This is my first openCV program, so goodbye if I don't know some basic computer vision concepts.
UPDATE: See new code / new problem below thanks to sturkmen's answer
I am working on the "digitization" of a large set of images, such as attached, as a project. All images come from one source. The ultimate goal is to pass the selected text fragments to tesseract, the OCR library.
(source code below) I'm going to explain my current approach, and then pose my questions.
My current approach is as follows:
Apply Inverse Binary Threshold
Separate image and find outlines 
Create a boundingRect from each path, then filter the minimum and maximum sizes
This is working fine.

My desired end result is to have one boundingRect around each column. Thus, for the images provided, which would be a family of them.
So, the problem is that the tabular "mini-sections" in the image are not reliably matched (the best example is the one in the rightmost column, which does not have a boundingRect around it).
I can think of two possible solutions (so as not to be an open type / opinion issue), but if you know of a more efficient solution, share it!
1) combine boundingRect , which are vertical neighbors to capture columns. Contains possible bounce along the edges.
2) Find another way to manipulate the image before searching for outlines. From my research, does the length-length smoothing algorithm look promising?
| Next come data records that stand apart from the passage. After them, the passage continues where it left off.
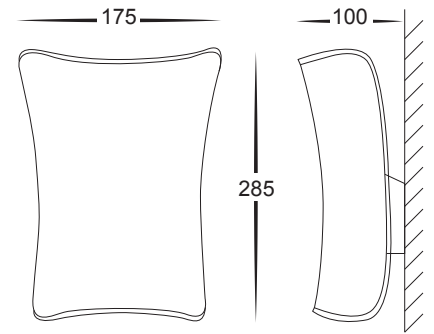

Aurora

- High density extra strong plaster
- Super bright white
- Easily painted to match decor
- IP Rating: IP20
- Indoor use only

PART NUMBER	COLOUR TEMP	LUMENS	INPUT	INCLUDED LED
HV8030C	5500K	240lm	240v	3w SMD E14
HV8030W	3000K	220lm	240v	3w SMD E14
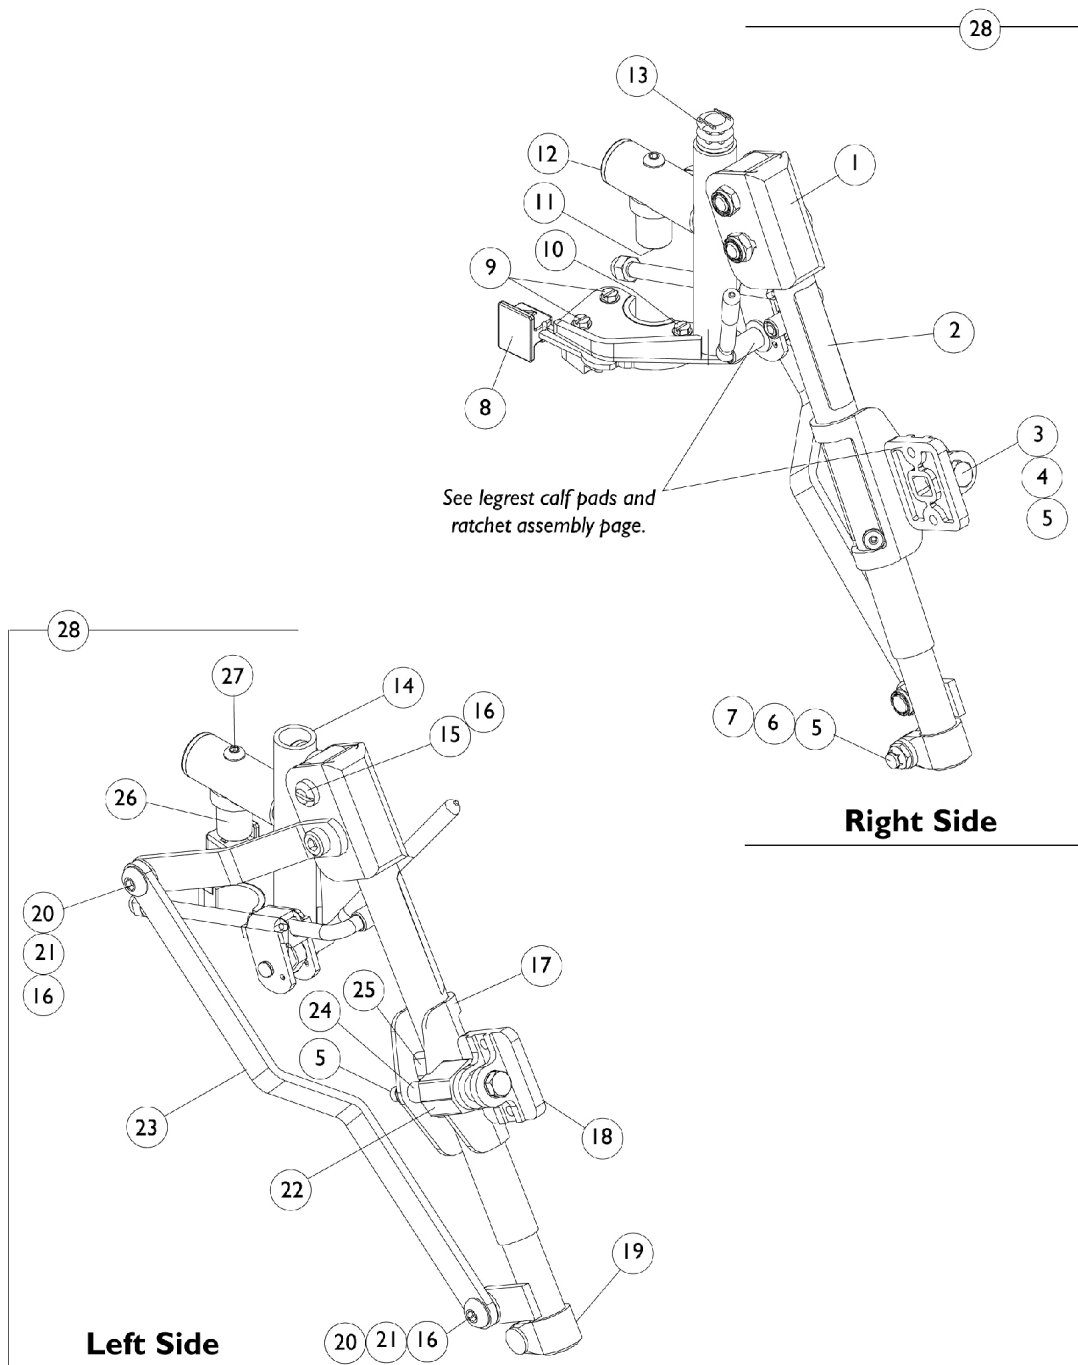

# Articulating Legrest Support Assembly - ATL4A

## Articulating Legrest Support Assembly - ATL4A

Item Number	Note	Part Number	Description	Quantity Per	
				Package	Assembly
1		1022877-NLA	NLA - Tube, Support and Drive Link, Chrome - Right	1	1
1		1022878-NLA	NLA - Tube, Support and Drive Link, Chrome - Left	1	1
2		1024911-NLA	NLA - Decal, Smartleg	1	1
3		1014807	Screw, Hex Head (5/16-24 x 3-1/4")	1	1
4		47330X003	Spacer (5/16 x 1/2 x 3/8")	1	1
5		60264X001	Locknut (5/16-24)	1	2
6		1027377	Washer (#20)	1	1
7		11232X009	Bolt, Lug (5/16-24 x 1-3/8")	1	1
8		1025454	Housing, Latch - Right	1	1
8		1025455	Housing, Latch - Left	1	1
9		1025451	Screw, Slotted Hex Washer Head (#10-32 x 5/8")	1	2
10		1017423	Screw, Slotted Hex Washer Head w/ Patch (#10-32 x 1/2")	1	1
11		1025736	Locknut (1/4-20)	1	1
12		1029501	Plug Button, Black (1")	1	1
13		1027097	Plug Button, Black (3/4")	1	1
14		1082538-NLA	NLA - Tube, Legrest Support, Articulating, Sector, Chrome - Right	1	1
14		1082539-NLA	NLA - Tube, Legrest Support, Articulating, Sector, Chrome - Left	1	1
15		1022854-NLA	NLA - Screw, Shoulder Slotted Head (1/2 x 1-1/8", 3/8-16)	1	1
16		40363X000	Hex Nut (3/8"-16)	1	3
17		1025104	Bracket, Legrest, Chrome	1	1
18		04526X019	Plate, Legrest Pad	1	1
19		1022848	Tube, Slide, Articulating, Chrome - Right	1	1
19		1022849	Tube, Slide, Articulating, Chrome - Left	1	1
20		1022866-NLA	NLA - Screw, Socket Button Head (3/8-16 x 3/4")	1	2
21		1049527	Washer, Nylon (3/8 x 3/4 x 1/16")	1	2
22		1025133	Spacer, Legrest Pad, Black	1	1
23		1022846-NLA	NLA - Bar, Link, Black	1	1
24		47328X003	Bushing, Pivot (5/16 x 7/16 x 7/8")	1	1
25		48823X008	Spring, Leaf	1	1
26		1017148	Pivot, Footrest	1	1
27		1001762	Screw, Socket Button Head (1/4-20 x 1-3/4")	1	1
28	A	1082540	Articulating Legrest Support Assembly, Sector, Chrome - Right	1	1
28	A	1082541	Articulating Legrest Support Assembly, Sector, Chrome - Left	1	1

NOTE: A - Includes Items 1-27
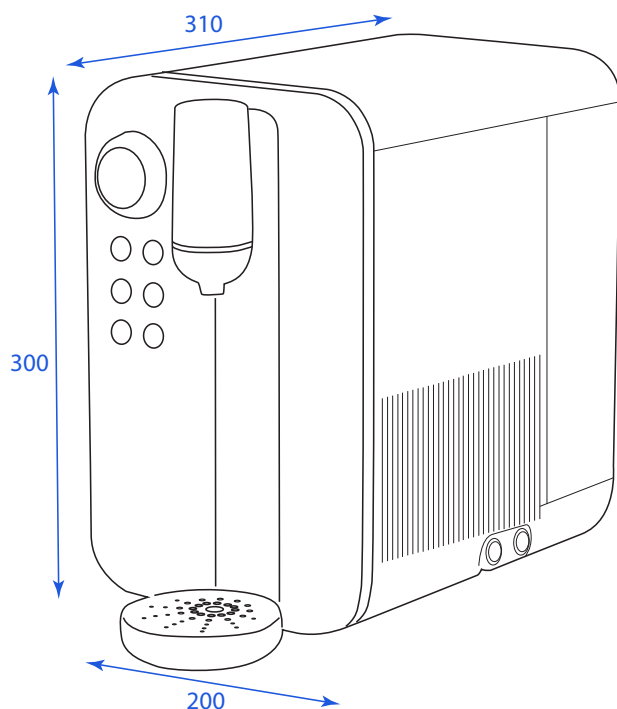

**AQUA
COOLER**

Your Partner in Cool.
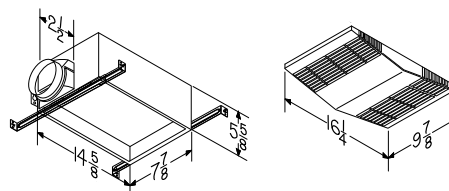

605RP

Model	CFM	Sones	Lighting	Heat	Finish
665RP	70	4.0	100	1300W	White Polymeric
605RP	70	4.0	—	1300W	White Polymeric
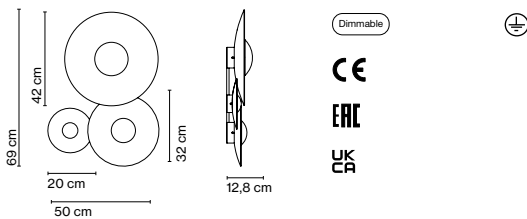

Code	Finish
Structure	
A662-424	● Black
Shades 20	
A662-426	● Oak-White
A662-427	● Wenge-White
A662-428	● Oak-Oak
A662-429	● Wenge-Wenge
A662-430	● Brushed brass-Brushed brass
A662-431	● Black-White
A662-573-36-27K	● Mauve (RAL 010 70 10) NEW
A662-573-37-27K	● Sand (RAL 050 85 10) NEW
A662-573-38-27K	● Stone Grey (RAL 000 65 00) NEW

Shades 32	
A662-432	● Oak-White
A662-433	● Wenge-White
A662-434	● Oak-Oak
A662-435	● Wenge-Wenge
A662-436	● Brushed brass-Brushed brass
A662-437	● Black-White
A662-574-36-27K	● Mauve (RAL 010 70 10) NEW
A662-574-37-27K	● Sand (RAL 050 85 10) NEW
A662-574-38-27K	● Stone Grey (RAL 000 65 00) NEW

Shades 42	
A662-438	● Oak-White
A662-439	● Wenge-White
A662-440	● Oak-Oak
A662-441	● Wenge-Wenge
A662-442	● Brushed brass-Brushed brass
A662-443	● Black-White
A662-575-36-27K	● Mauve (RAL 010 70 10) NEW
A662-575-37-27K	● Sand (RAL 050 85 10) NEW
A662-575-38-27K	● Stone Grey (RAL 000 65 00) NEW

Materials Dimmable: Yes
Canopy: Metal Integrated dimmer: No
Dimming protocols: Phase cut (Triac)

Product type: Wall / Ceiling
Light source: LED SMD 700mA 28,5W 2700K CRI90 3243lm
Luminaire: 180 - 295 VAC TRIAC 33,5W 1209lm
Weight: Net 7,8 kg – Gross 10 kg
Package: 23 x 21 x 10 cm – 1 kg Vol – 0,01 m³
          57 x 53 x 17 cm – 3,5 kg Vol – 0,051 m³
          57 x 53 x 17 cm – 3 kg Vol – 0,051 m³
          53 x 53 x 12 cm – 2,5 kg Vol – 0,03 m³
Product notes: Accessory to combine Ginger models 20 C, 32 C, and 42 C for a single junction box.

Canopy color: Black
Wire installation: Hardwired

So my question is: which approach is best? Am I missing the best solution? I'm inexperienced in this section, so the offers are too small.
Thanks for reading!
#include "opencv2/core.hpp" #include "opencv2/highgui.hpp" #include "opencv2/imgproc.hpp" #include <iostream> #include <fstream> #include <sstream> #include <vector> using namespace cv; using namespace std; int main(int argc, char* argv[]) { Mat image = imread(path_to_file); Mat gray; cvtColor(image, gray, COLOR_BGR2GRAY); Mat fin; double thresh = threshold(gray, fin, 160, 255, THRESH_BINARY_INV); //size impacts dilation Mat kernel = getStructuringElement(MORPH_CROSS, Size(2, 4)); Mat dilated; dilate(fin, dilated, kernel, Point(-1,-1), 6); imwrite("testbw.png",dilated); Mat hierarchy; vector<vector<Point> >contours; findContours(dilated, contours, hierarchy, CV_RETR_TREE, CV_CHAIN_APPROX_NONE); //potentially sort by x for (const auto& c : contours) { // xy //columns 850 x 5400 Rect r = boundingRect(c); if (r.height > 3000 || r.width > 875) continue; if (r.height < 100 || r.width < 500) continue; rectangle(image, r, Scalar(255, 0, 255), 2); //made thicker } imwrite("test.png", image); waitKey(0); return 0;
}
Original Image: 
Updated Code
int main(int argc, char* argv[]) { Mat image = imread(path_to_file); Mat gray; cvtColor(image, gray, COLOR_BGR2GRAY); Mat fin; double thresh = threshold(gray, fin, 160, 255, THRESH_BINARY_INV); Mat kernel = getStructuringElement(MORPH_CROSS, Size(2, 4)); Mat dilated; dilate(fin, dilated, kernel, Point(-1,-1), 6); vector<Vec4i> hierarchy; vector<vector<Point> >contours; findContours(dilated, contours, hierarchy, CV_RETR_TREE, CV_CHAIN_APPROX_NONE); vector<Rect> rects; Rect big_rect = Rect(image.cols/2,image.rows/2,1,1); for (const auto& c : contours) {
New result: 
New problem: there is a lot of boundingRect around each column (you probably can’t tell by looking at the picture). This is a problem because I want to sub-image each column, for example. Mat ROI = image(rects[i]) , which will display much more than the desired 7 images.
New question: how can I combine many rectangles per column into one? I saw openCV groupRectangles , but it did not work.